Everolimus, an mTOR inhibitor, was the first PI3K/AKT pathway-directed therapy approved in breast cancer. The phase III BOLERO-2 trial demonstrated a PFS benefit of 10.6 months with exemestane plus everolimus vs. 4.1 months with exemestane alone (HR 0.36, 95% CI 0.27–0.47, p < 0.001) in patients who had progressed on endocrine therapy [38]. The phase II PrE0102 study similarly demonstrated a PFS benefit of second-line fulvestrant plus everolimus of 10.3 months vs. 5.1 months with fulvestrant monotherapy (HR 0.61, 95% CI 0.40–0.92 and p = 0.02) [73]. Both trials predated routine NGS profiling and CDK4/6 inhibitor use, therefore limiting applicability in the current clinical landscape. A recent single-arm study evaluating fulvestrant plus everolimus post-CDK4/6 progression demonstrated a median PFS of 6.8 months and validated ctDNA dynamics as a prognostic biomarker [74].

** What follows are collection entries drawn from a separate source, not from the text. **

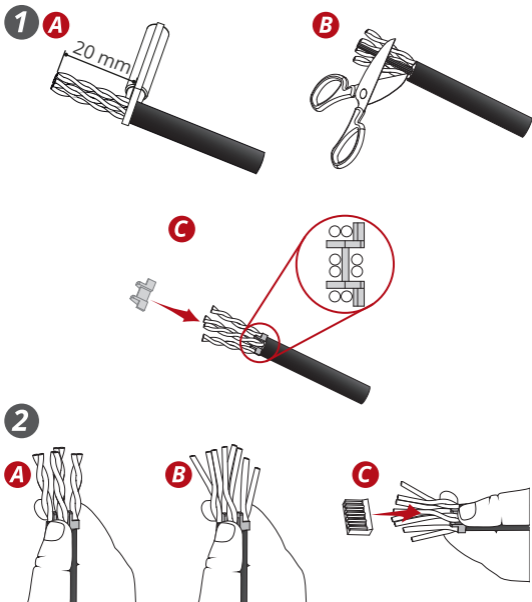

RJ-45 Plug/ Conector RJ-45 Macho

T568A T568B

M = brown/ marrom/ marrón
V = green/ verde/ verde
A = blue/ azul/ azul
L = orange/ laranja/ naranja
B = white/ branco/ blanco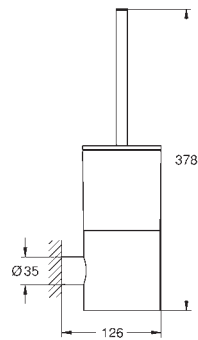

GROHE SPA

40 892 000
40 892 DC0
40 892 EN0
40 892 GL0
40 892 GN0
40 892 DA0
40 892 DL0
40 892 AL0

Chrom	279,40
SuperSteel	391,16
kartáčovaný nikl	447,04
Cool Sunrise	419,10
kartáčovaný Cool Sunrise	447,04
Warm Sunset	419,10
kartáčovaný Warm Sunset	447,04
kartáčovaný Hard Graphite	447,04

Aerio

Souprava na čištění toalety

materiál: sklo / kov
nástěnná montáž
skryté upevnění
povrchová úprava **GROHE Long-Life**

40 791 001

bílá

9,00

Náhradní kartáč, hlavice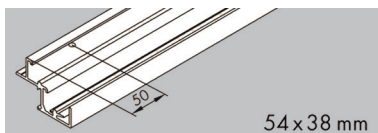

HAWA FRONTAL SCHUIFDEURBESLAG VOOR NISSEN

Hawa schuifdeurbeslag type Frontal voor nissen

- dit systeem laat toe hoge deuren aan een hangkast te monteren zodat de onderliggende nis afgesloten kan worden
- behoeft geen enkele geleiding noch pin op het werkblad
- schuifdeurbeslag voor houten deuren van max. 25 kg
- set voor 2 deuren met dikte 19 mm
- bovenprofiel afzonderlijk te bestellen (bestelnr. 034147)
- onderprofiel afzonderlijk te bestellen (bestelnr. 034148)
- demping afzonderlijk te bestellen (bestelnr. 034149)

Bestelnr.	Afwerking	Omschrijving	Voor deurdikte	Max. afmetingen van een deur (BxH)	Verpakking
034146	-	beslag voor 2 deuren	19 mm	800x2000 mm	1 set

Bovenprofiel voor Hawa schuifdeurbeslag type Frontal

- vorgeboord, geanodiseerd aluminium profiel

Bestelnr.	Afwerking	Lengte van het profiel	Verpakking
034147	aluminium	2500 mm	1

Onderprofiel voor Hawa schuifdeurbeslag type Frontal

- geanodiseerd aluminium profiel
- te clipsen

Bestelnr.	Afwerking	Lengte van het profiel	Verpakking
034148	aluminium	2500 mm	1

Dempers voor Hawa schuifdeurbeslag type Frontal

- per set (2 stuks)
- set voor 2 deuren
- adapters voor montage bovenop het meubel steeds afzonderlijk te bestellen (bestelnr. 034150)

Bestelnr.	Afwerking	Omschrijving	Verpakking
034149	grijs	set dempers voor montage in de kast	1 set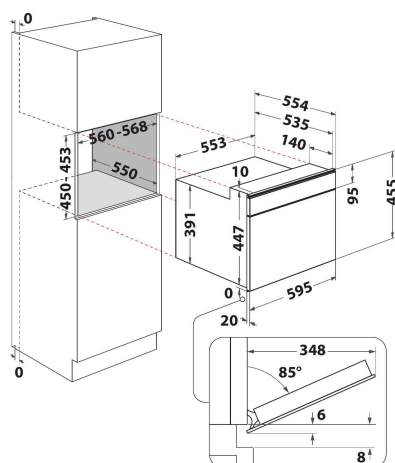

W9 MW261 IXL

12NC: 859991542270

Kod EAN: 8003437396083

Whirlpool

SENSING THE DIFFERENCE

- 6th Sense Live
- Technologia 6th Sense
- Funkcja CRISP 6th Sense z talerzem Crisp
- Odgrzewanie 6th Sense
- Rozmrażanie 6th Sense
- Funkcja Crisp
- Wnęka 40 D
- Jet Start: szybkie podgrzewanie produktów
- Jet Defrost: szybkie odgrzewanie
- Utrzymywanie ciepła
- Funkcja pary
- Turbogrill
- Funkcja wyrastania
- Para i gotowanie (model do zabudowy)
- CrispFry
- Funkcja rozmrażania pieczywa
- Kuchenka mikrofalowa 900 W

Kuchenka mikrofalowa do zabudowy Whirlpool: kolor stal nierdzewna - W9 MW261 IXL

Cechy kuchenki mikrofalowej do zabudowy Whirlpool: kolor stal nierdzewna. Wyjątkowa wielkość komory. Połączenie technologii oferujące elastyczność gotowania tradycyjnych kuchenek. Wyjątkowa technologia 6-ty Zmysł, która podczas gotowania automatycznie ustawia czas, temperaturę i zużycie energii. Funkcja Crisp umożliwi przygotowanie niezrównanie chrupiącej tarty, pizzy i ciast.

Gotowanie na parze

Zdrowe potrawy gotowane na parze - kiedy tylko chcesz. Program Steam umożliwia przyrządzenie zdrowych, smakowitych potraw przy pomocy jednego przycisku.

JetDefrost

Szybkie rozmrażanie. Wyjątkowy system JetDefrost 3D służy do szybkiego i łatwego rozmrażania produktów w mikrofalówce.

Termoobieg

Zachowaj smak. Termoobieg to innowacyjny system konwekcyjny, który zapewnia cyrkulację rozgrzanego powietrza wewnątrz mikrofalówki, sprawiając, że potrawy pozostają wilgotne i soczyste.

Aplikacja 6th Sense Live

Aplikacja 6th Sense Live zapewnia pomocne instrukcje krok po kroku i gwarantuje perfekcyjne rezultaty. Na podstawie Twoich preferencji podpowiada przepisy i daje pomocne wskazówki, aby zapewnić, że każda potrawa będzie doskonała.

iXelium

Trwały połysk. Dzięki rewolucyjnej powłoce iXelium mikrofalówka jest zabezpieczona przed zadrapaniami i korozją, dzięki czemu zawsze się pięknie błyszczy. Łatwo się ją czyści: wystarczy woda i miękka szmatka.

Jet Start

Wyjątkowa prędkość podgrzewania. Funkcja JetStart przez 30 sekund nagrzewa wnętrze kuchenki mikrofalowej do maksimum, zapewniając idealną temperaturę do podgrzania potraw z dużą zawartością wody, takich jak zupy lub napoje.

Opiekanie na chrupko

Niezrównana chrupkość. Program Crisp mikrofalówki Whirlpool, do którego przeznaczony jest specjalny talerz, umożliwi przyrządzenie chrupkiej pizzy, ciasta lub quiche.

Alpelisib, an oral α-selective PIK3CA inhibitor, demonstrated efficacy in the phase III SOLAR-1 trial when combined with fulvestrant versus fulvestrant monotherapy in the second-line setting for advanced ER-positive/HER2-negative breast cancer [18]. This combination achieved a 45% reduction in the risk of progression and a 7.9-month improvement in OS, although it did not reach the pre-specified threshold for statistical significance [18]. However, 90% of patients in SOLAR-1 had not received a CDK4/6 inhibitor prior, which is now standard first-line therapy [18]. The phase II BYLieve trial, assessing alpelisib post-progression on a CDK4/6 inhibitor, demonstrated a median PFS of 7.5 months and an OS ranging from 20.7 to 29.0 months [19]. Based on these results, alpelisib received FDA approval for patients with advanced PIK3CA^mut^ ER-positive/HER2-negative breast cancer. However, high toxicity rates including grade ≥ 3 hyperglycaemia (36%), grade ≥ 3 rash (10%), 25% discontinuation rate and 64% dose reductions and/or interruptions have limited clinical utility [18,19]. Hyperglycaemia is the most frequent adverse event, impacting up to 60% of patients receiving alpelisib, and safety in patients with type 1 or 2 diabetes has not been established. Use of prophylactic metformin has been shown to reduce the incidence and severity of alpelisib-induced hyperglycaemia, any grade (44.1%) and grades 3–4 (5.9%), in the METALLICA study [75], facilitating continuation of therapy.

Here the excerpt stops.